In the experiment the participants had to decide whether two Gabor stimuli, which were presented sequentially and separated by a delay period, had the same or a different orientation. The inter-stimulus interval (ISI) between the reference and the test stimulus was either 2 or 8 seconds. Gabor pairs were constructed so that they could be coded either verbally or non-verbally. Thus, the experiment consisted of four conditions (verbal/non-verbal x ISI 2 s/ISI 8 s).

In the verbal conditions stimuli were either oriented to the left (79°C) or to the right (101°C) of vertical, resulting in a difference in angle of 22°C. This was done so that subjects could verbally code these orientations with the words "left" and "right", as it had been suggested to them in the instruction.
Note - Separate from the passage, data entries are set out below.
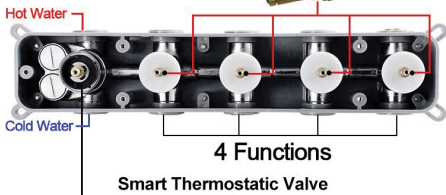

PHONE CONTROLLED ROSE GOLD THERMOSTATIC RECESSED CEILING MOUNT LED RAINFALL WATERFALL SHOWER SYSTEM WITH HAND SHOWER AND JETTED BODY SPRAYS SPECIFICATIONS

Shower Head

Shower Panel /Hose Material: 304 Stainless Steel
 Showerheads Install: Embedded Ceiling Mounted
 Concealed Mixer Install: Wall-Mounted
 LED Shower Head Functions: Rainfall, Waterfall
 Water Pressure: 0.3 MPA
 Water Flow: 16L/min~28L/min
 Shower Accessories Material: Brass
 LED Light: Need to Connect Power
 Shower Hose Length: 1.5M
 AC: 100-265V 50/60Hz
 Music: Need Bluetooth

Color software App install instruction
download name: Smart Life

All dimensions and specifications are nominal and may vary. Use actual products for accuracy in critical situations.

Shower Mixer

All Function can be used at the same time.

Brass Function Valve

Hand Shower

G1/2

Flow Rate: 2.0 GPM / 7.6 LPM

Shower Mixer Connections

Spout

G1/2

Body Jet

- Thread Interface Size: G 1/2 Inch
- Type: Fixed Rotatable Type
- Installation Type: Wall Mounted
- Material: Brass
- Feature: Can rotate 360 degrees
- Flow Rate: 1.5 GPM / 5.7 LPM (each Bodyspray)

An example stimulus pair from the verbal conditions is depicted in Figure 1A for a "different" trial. In the two non-verbal conditions three reference Gabors were used that were oriented at either 34°C, 40°C, or 46°C, with respect to horizontal (0°C). Corresponding test stimuli had an orientation that was 22°C greater or lesser than that of the reference stimulus, or it had the same orientation. Gabors were constructed in this manner so that they could not be easily coded in a verbal manner (i.e., reference to the principal axes did not ease the task) but demanded perceptual coding. An exemplary non-verbal stimulus pair is shown in Figure 1B for a trial in which the reference and the test grating differed.

Figure 1
figure 1

A. An example of a reference Gabor stimulus with its corresponding test stimulus for the verbal condition, in which the participants were instructed to memorize the orientation with a sub-vocal verbal rehearsal strategy (e.g. "left", "right" of vertical). The example depicts stimuli on a trial in which the test and the reference grating differed. B. An example of a stimulus pair for the nonverbal conditions, in which the instructions emphasized the use of visual encoding. Here the stimuli are taken from a trial in which the test and the reference stimulus differed.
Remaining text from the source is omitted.